Rome, Italy, Aug 25, 2005 / 22:00 pm
Pope Benedict XVI could travel to Poland in 2006, in a declaration from Bishop Kazimierz Nycz, to oversee the Polish Episcopal encounter in Czestochowa.
Bishop Nycz declared “the Polish Bishops invited Benedict XVI immediately after his election . The Bishops got an answer from the Pontiff saying he will make the pilgrimage next year.”
The close collaborators of the Pope “received orders to prepare this trip” he added, without any specifications or details on the visit. End of April, Polish head of State Alexander Kwasniewski had already officially invited Benedict XVI to visit the mother land of his predecessor John Paul II.”

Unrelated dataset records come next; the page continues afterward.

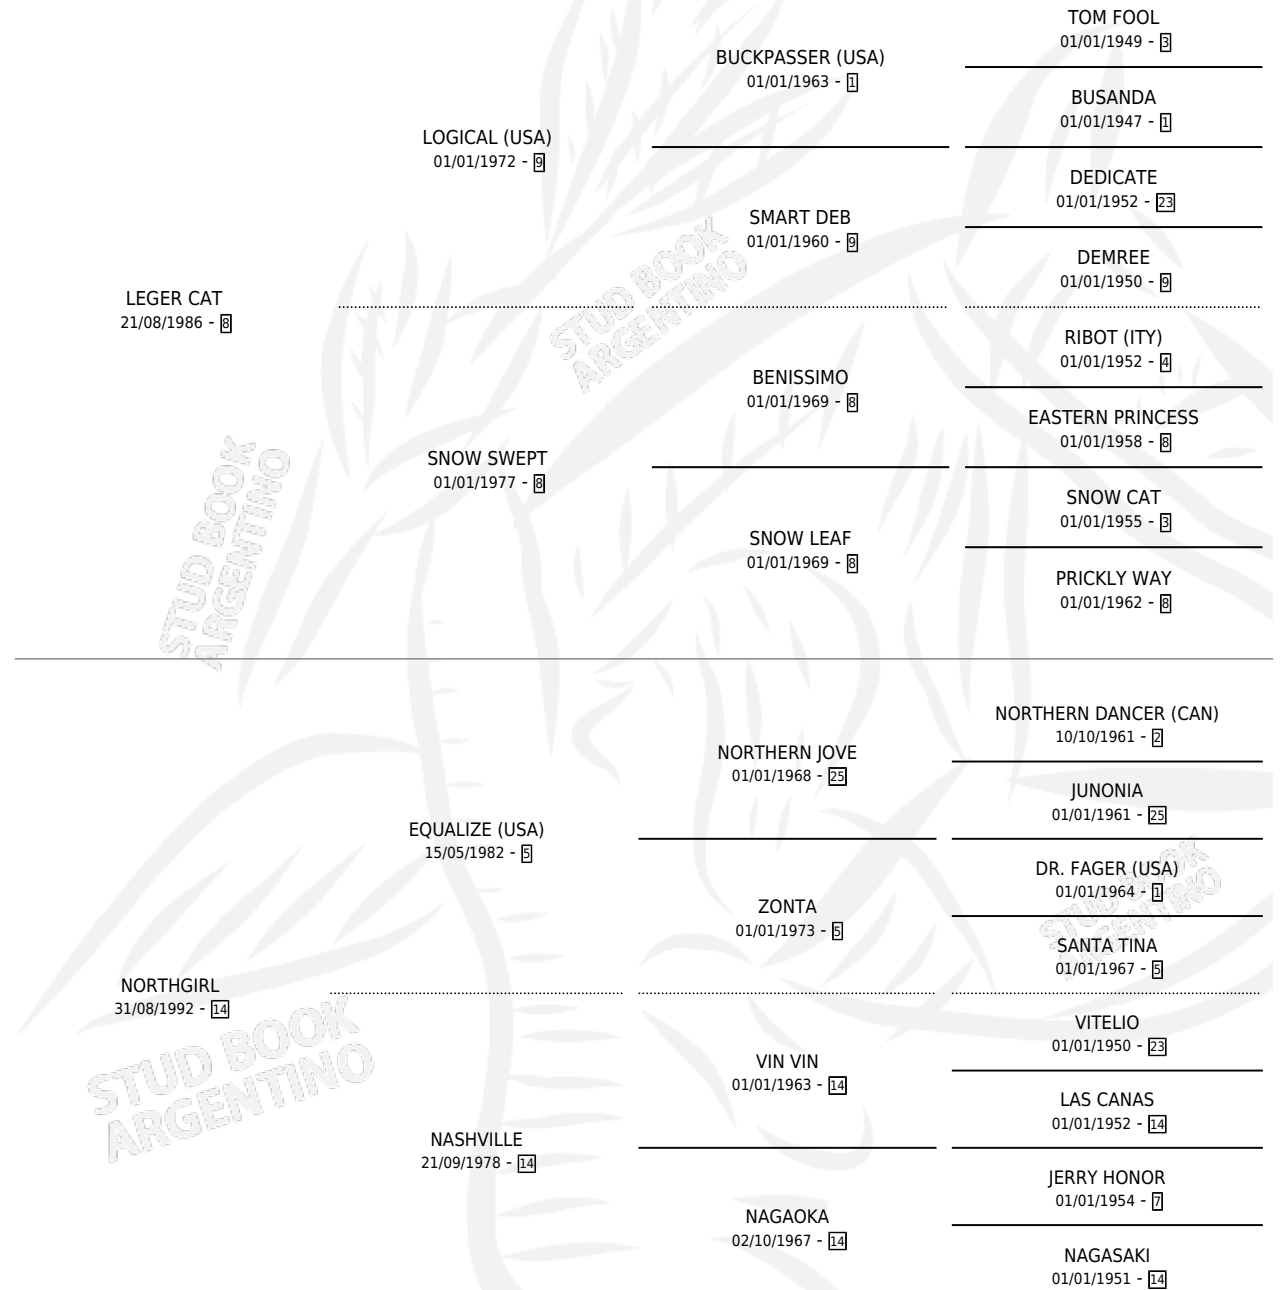

NORTH CAT

por **LEGER CAT** y **NORTHGIRL** por **EQUALIZE (USA)**

Argentina · Macho · Tordillo · SP · 15/08/1997
Familia 14 · Volumen 36

ESTADO

TIPIFICACIÓN SANGUÍNEA	✓
TIPIFICACIÓN POR ADN	X
PASAPORTE	X
IDENTIFICACIÓN POR MICROCHIP	X
REPRODUCTOR	X

Lugar de nacimiento: El Turf

Criador: El Turf

PEDIGREE

CAMPAÑA

Solo carreras oficiales de Argentina

POR EDAD

EDAD	CC	1°	2°	3°	4°	5°	NP	CLC	CLG	CLCG1	CLGG1	IMPORTE	GANANCIA / CC
3 AÑOS	9	2	0	2	1	1	3	5	0	0	0	\$16,595	\$1,844
4 AÑOS	1	0	0	0	1	0	0	1	0	0	0	\$650	\$650
TOTALES	10	2	0	2	2	1	3	6	0	0	0	\$17,245	\$1,725
%		20.0%	0.0%	20.0%	20.0%	10.0%	30.0%	60.0%	0.0%	0.0%	0.0%		

Ganador de 2 carreras en San Isidro y Palermo - \$17,245, a los 3 años, incluso 3ro General Belgrano **[G2]** y Polla Potrillos (C), 4to Chacabuco **[G2]**.

POR DISTANCIA

HIPODROMO	CC	1°	2°	3°	4°	5°	NP	CLC	CLG	CLCG1	CLGG1	IMPORTE
PALERMO	5	1	0	1	2	1	0	3	0	0	0	\$7,055
2500 MTS	3	0	0	1	1	1	0	3	0	0	0	\$2,080
2000 MTS	1	0	0	0	1	0	0	0	0	0	0	\$375
1800 MTS	1	1	0	0	0	0	0	0	0	0	0	\$4,600
SAN ISIDRO	3	1	0	0	0	0	2	1	0	0	0	\$9,890
1800 MTS	1	0	0	0	0	0	1	0	0	0	0	\$0
2400 MTS	1	0	0	0	0	0	1	1	0	0	0	\$0
2000 MTS	1	1	0	0	0	0	0	0	0	0	0	\$9,890
ROSARIO	2	0	0	1	0	0	1	0	0	0	0	\$300
1600 MTS	1	0	0	1	0	0	0	0	0	0	0	\$300
1200 MTS	1	0	0	0	0	0	1	0	0	0	0	\$0

“It would serve as an homage of all of us to John Paul II” who died on April 2nd”, “ a symbolic event of an other dimension. Today we have a representative of a neighboring country, Germany, at the head of the Church, a country with which through centuries of strenuous relations, we reconciled to build together a united Europe.”
On August 19, during a briefing for reporters at World Youth Day ceremonies in Cologne, papal spokesman Joaquin Navarro-Valls said that there were no plans in place for future papal trips abroad, but that some events could be set on Pope Benedict's schedule in the near future.